Professor Jeffrey Waincymer’s research and teaching is primarily in the fields of international trade and investment law, international dispute settlement, arbitration, taxation and mooting. He is the author of Procedure and Evidence in International Arbitration; WTO Litigation: Procedural Aspects of Formal Dispute Settlement; and Australian Income Tax: Principles and Policy (2nd ed) and is a joint author of A Guide to the UNCITRAL Arbitration Rules; A Practical Guide to International Commercial Arbitration; and also International Trade Law: Commentary and Materials (2nd ed).

Professor Wenming Xu (Banking and Finance Law in China)

Professor Wenming Xu is a Professor and Dean of School of Law and Economics at China University of Political Science and Law (CUPL), and an Editor of the International Review of Law and Economics. He obtained his Undergraduate Degree in Economics (magna cum laude) and Master of Law from CUPL, and Ph.D in Law and Economics from the University of Bologna in Italy.
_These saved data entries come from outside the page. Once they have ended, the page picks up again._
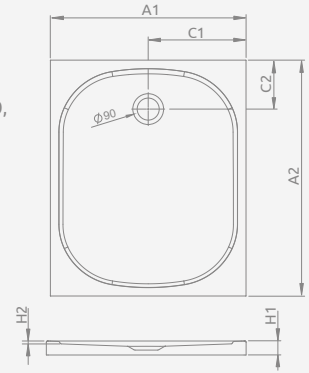

Model	Art. No.
DOROS PLUS A 80×80	SDRPA8080-01
DOROS PLUS A 90×90	SDRPA9090-01

Model	Art. No.
ARGOS A 90×90	4AA99-01
ARGOS A 100×100	4AA1010-01

ZANTOS F

To be installed on floor, siphon outlet Ø 90 mm, recommended siphons TB90, TB21, TBXS, R500, R580, R583, R510, 690 P, R400 SLIM PLUS, R400W SLIM.

ZANTOS F	A1	A2	C1	C2	H1	H2
100×80	800	1000	400	200	32	10
100×90	900	1000	450	200	32	10
120×80	800	1200	400	200	32	10
120×90	900	1200	450	200	32	10

GIAROS D

To be installed on floor, siphon outlet Ø 50 mm, recommended siphon 5SL1.

GIAROS D	A1	A2	B1	C1	C2	H1	H2
90×80	800	900	100	70	450	40	18
100×80	800	1000	100	70	500	40	18
100×90	900	1000	100	70	500	40	18
110×80	800	1100	100	70	550	40	18
110×90	900	1100	100	70	550	40 <td 18	
120×80	800	1200	100	70	600	40	18
120×90	900	1200	100	70	600	40	18
120×100	1000	1200	100	70	600	40	18
140×90	900	1400	100	70	700	40	18

ARGOS A

To be installed on floor (without legs), siphon outlet Ø 90 mm, recommended siphon R399.

The possibility of buying legs. Details on p. 448.

ARGOS A	A1	A2	B1	B2	C1	C2	D1	D2	H1	H2
90×90	900	900	80	80	200	200	135	135	55	20
100×100	1000	1000	80	80	200	200	135	135	55	20
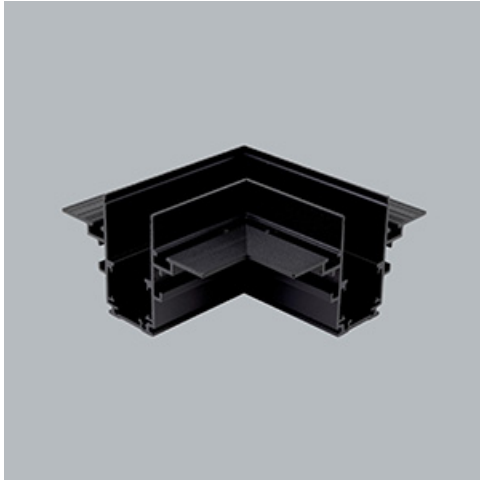

**Produkt:** 48V L Profile Connector Flat Right Recessed Black PRO-RN135FR-B

**Index:** 4PGPRO-RN135FR-B

## Beschreibung

Produkt für den Innenbereich. Farbe - schwarz. Abmessungen: 95 x 95 mm. Netzspannung 48 V DC.

## Technische Daten

Leuchtenfarbe	<b>schwarz</b>
Abmessungen [mm]	<b>95 x 95</b>

Associate Professor Joon Hyug Chung (Comparative Corporate Law from a Korean Perspective)

Dr Joon Hyug Chung is an Associate Professor at Seoul National University (SNU) School of Law, specializing in corporate and financial law. He regularly advises the Korean government and has led several high-profile government projects on mandatory takeover bids, share repurchases, dividend policies, insider trading, corporate group transactions, and public M&A regulation.

He currently serves as a non-standing Commissioner of the Securities and Futures Commission, which oversees Korea’s capital markets and reviews related laws and regulations. He is also Chair of the Legal Framework Committee at the Korea Accounting Institute, Korea’s national standard setter for sustainability disclosure.

Associate Professor Yazid Ben-Hounet (Introduction to Anthropology of Law)

Dr Yazid Ben-Hounet is a social anthropologist and a Research Fellow at the Centre National de la Recherche Scientifique (CNRS), affiliated with the Laboratoire d’Anthropologie Sociale (CNRS – Collège de France – EHESS) in Paris. He holds a PhD from the École des Hautes Études en Sciences Sociales (EHESS), completed in 2006, and a habilitation (HDR) from the University of Paris in 2020. His academic work primarily explores the intersections of legal and political anthropology in Muslim societies, with a particular focus on North Africa. His research has delved into tribal issues in contemporary Algeria, local reconciliation processes in Algeria and Sudan, legal practices related to property, and kinship studies.